First, the simple forEach
solution:
Prosiac:
function test(array, predicate){
var filterTrue = [];
var filterFalse = [];
array.forEach(function(value) {
if (predicate(value)) {
filterTrue.push(value);
} else {
filterFalse.push(value);
}
});
// rest of method
}
A bit more terse:
function test(array, predicate){
var filterTrue = [];
var filterFalse = [];
array.forEach(function(value) {
(predicate(value) ? filterTrue : filterFalse).push(value);
});
// rest of method
}
As an aside, I have tried:
var filterFalse = array.filter(!predicate);
But this is doesn't seem to work for reasons I'm still trying to understand
It would have to be:
var filterFalse = array.filter(function(entry) {
return !predicate(entry);
});
...and that would indeed work, but it means you're making two passes through the array and calling the predicate twice for every element. That's why I recommended forEach
: Only one pass through the array is required, and only one call to the predicate for each entry.
The reason your var filterFalse = array.filter(!predicate);
didn't work is that it's taking the predicate
variable, which contains a reference to a function, and logically inverting it with !

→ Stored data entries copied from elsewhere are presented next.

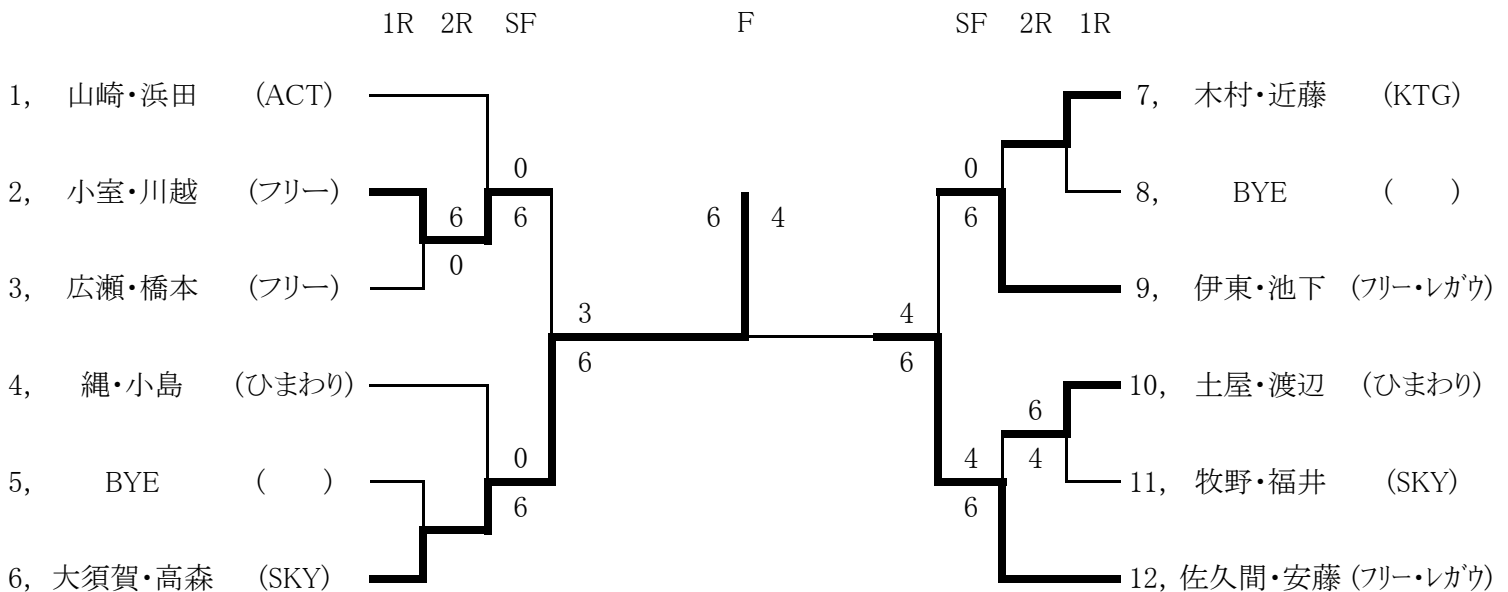

令和元年度 第41回 会長杯ダブルス 一般男子

1R 2R 3R 4R SF F SF 4R 3R 2R 1R

シード順位

- 1.谷本・松野(テイクファイブ・レガウ) 2.浜田・佐藤(レガウ) 3.竹村・中村(フリー) 4.市川・高津(レガウ)

令和元年度 第41回 会長杯ダブルス 壮年男子

シード順位

1. 浜田・佐藤 (レガウ) 2. 外岡・鈴木 (レガウ)

令和元年度 第41回 会長杯ダブルス 55歳男子

シード順位

1. 山崎・浜田 (ACT) 2. 佐久間・安藤 (フリー・レガウ)

令和元年度 第41回 会長杯ダブルス 一般女子

シード順位

- 1.霧生・河端(テイクファイブ) 2.植松・渡邊(レガウ・ひまわり)

令和元年度 第41回 会長杯ダブルス 壮年女子

シード順位

- 1.植松・渡邊(レガウ・ひまわり) 2. ()
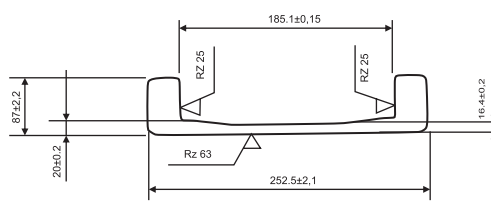

Precision profiles type PR

PR 0 NbV

PR 4 NbV

PR 1 NbV

PR 5 NbV

PR 2 NbV

PR 6 NbV

PR 3 NbV

PR 7 NbV

کد کاس	m kg/m	A cm ²	Lx cm ⁴	Wx cm ³	ly cm ⁴	Wy cm ³	ey cm	قیمت	
								دلار	تومان
PR 0 NbV	9,4	11,8	122,6	28,3	12,5	5,2	1,2		
PR 1 NbV	13,4	16,8	248,8	48,2	22,9	8,9	1,4		
PR 2 NbV	18,3	23,3	445,9	73,5	30,3	11,4	1,4		
PR 3 NbV	25,4	32,4	794,4	117,3	74,4	21,8	1,9		
PR 4 NbV	32,1	40,7	1372,7	174,6	126,6	31,8	2,1		
PR 5 NbV	38,1	48,6	1996,0	228,1	173,5	39,7	2,2		
PR 6 NbV	47,1	60,0	3148,0	312,5	231,5	47,8	2,3		
PR 7 NbV	70,6	89,9	8000,0	633,7	623,0	111,9	3,1		
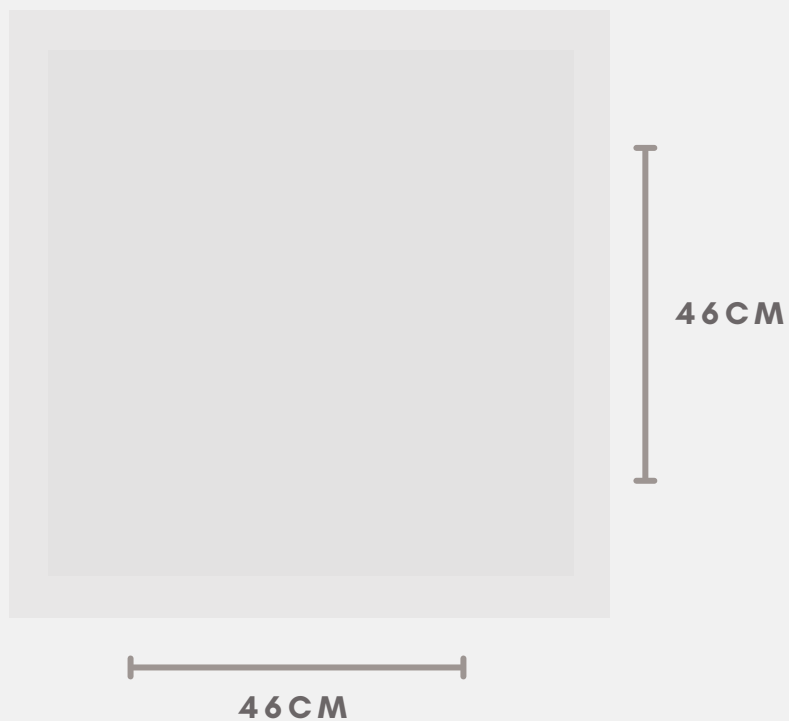

📍 CALLE QUEBRADA 2965, COL. BOSQUES DE LA VICTORIA, ZAP. JAL.

📞 33.3199.8883

📷 @CATALINATABLEWARE

📌 CATALINA TABLEWARE RENTALS

<http://WWW.CATALINATABLEWARE.COM>

CONÓCE
GRUPO CATALINA

SERVILLETAS

- Fibras naturales y semilinos.
- Diseños exclusivos.
- Costura detallada.
- Medida cuadrada 46cm aprox. El tamaño puede cambiar según el producto.
- Lavandería especializada, neutralización de olores y eliminación de grasas.
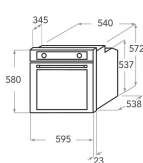

KOASP 60602

12NC: 859991533290

EAN-Nummer 8003437834035

KitchenAid

AUSSTATTUNG

Produktgruppe	Einbaueherd/Backofen
Internationale Bestellbezeichnung	KOASP 60602
Farbe Gerät	Inox
Bauform	Eingebaut
Steuerung	Mechanisch und Elektronisch
Bedienelemente	-
Integrierte Kochfeldsteuereinheiten	Nein
Kochfeldarten	-
Automatikprogramm	Ja
Absicherung	16
Spannung	220-240
Frequenz	50/60
Länge Anschlusskabel	180
Steckerart	Nein
Tiefe Produkt bei geöffneter Tür (90°)	-
Gerätehöhe	595
Gerätebreite	595
Gerätetiefe	561
Nischenhöhe minimal	0
Nischenbreite minimal	0
Nischentiefe	0
Nettogewicht	53.4
Nettovolumen	73
Integriertes Reinigungssystem	Pyrolytisch
Gitter	2
Anzahl Backbleche	2
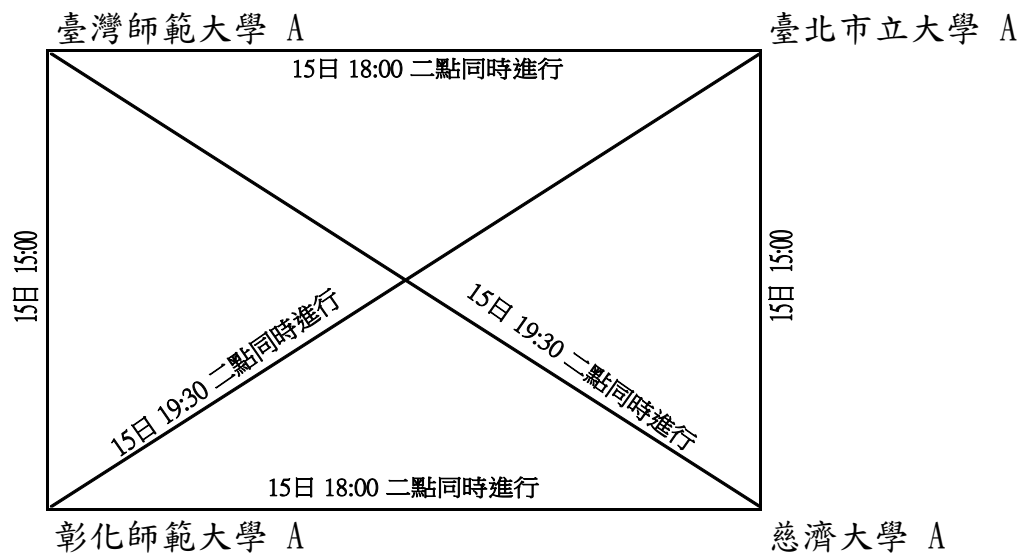

比賽時間

109年2月11日~18日

比賽場地

高雄市橋頭區輪椅夢公園

組別

大專公開女生團體組

裁判長

張祝明

決賽名次取至第二名

各點採六局決勝局制(5:5時進行"tie-break"7分制)(單/雙打均採NO-AD制)
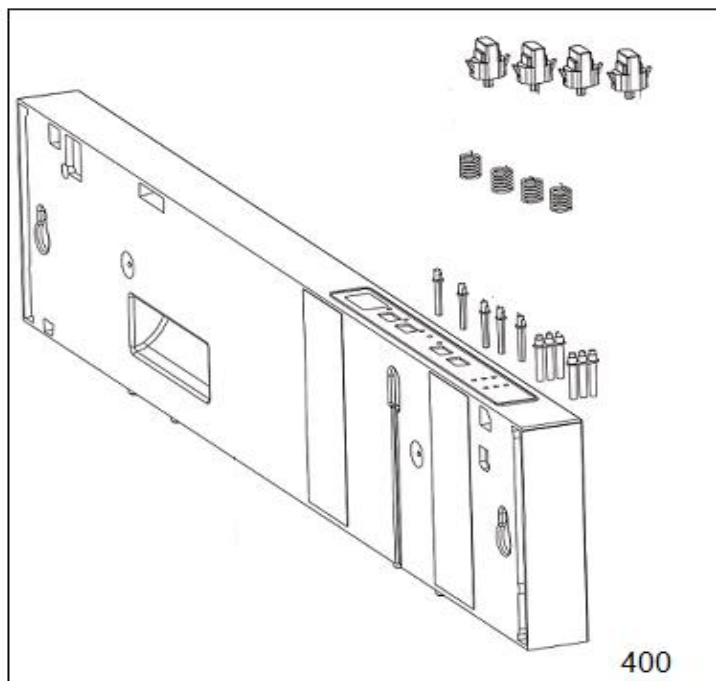

Inbouw Witgoed - Vaatwassers

Typenummer

IVW6008A/05

Revisie Datum

19-4-2022
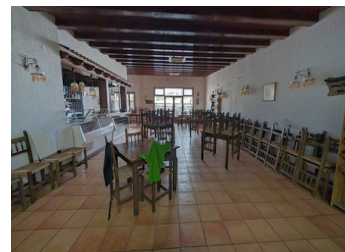

KOMMERSIELL TILL SALU I CALPE - €390,000

 Sovrum: 0

 Bygg : 354m²

 Pool: No

 Badrum: 0

 Tomt: 0m²

 Ref: 712795

Fastighetsbeskrivning

. The logically-inverted version of a non-null object reference (functions are objects) is false
, so you were in effect passing false
into filter
.
More completely: The unary !
coerces its operand to a boolean value and then returns the opposite of it (false
for true
and true
for false
). So !predicate
will result in false
for any value of predicate
that coerces to true
(aka "truthy" values), and will result in true
for any value of predicate
that coerces to false
(aka "falsey" values). So what are the "truthy" and "falsey" values? The "falsey" values are 0
, ""
, null
, undefined
, NaN
, and of course, false
; the "truthy" values are all others, including all non-null
object references.
If you program with predicates a lot and want a way to say "not predicate" and get a function that gives you the inverted result, you can do that like this:
function not(predicate) {
return function() {
return !predicate.apply(this, arguments);
};
}
and then:
var filterFalse = array.filter(not(predicate));
That not
function works like this: It returns a new function that, when called, will call the predicate function you gave it, passing along the this
value it was called with and all of the arguments it was called with (via Function#apply
— spec | MDN), logically inverting the return value it gets from the predicate, and then returning that inverted value.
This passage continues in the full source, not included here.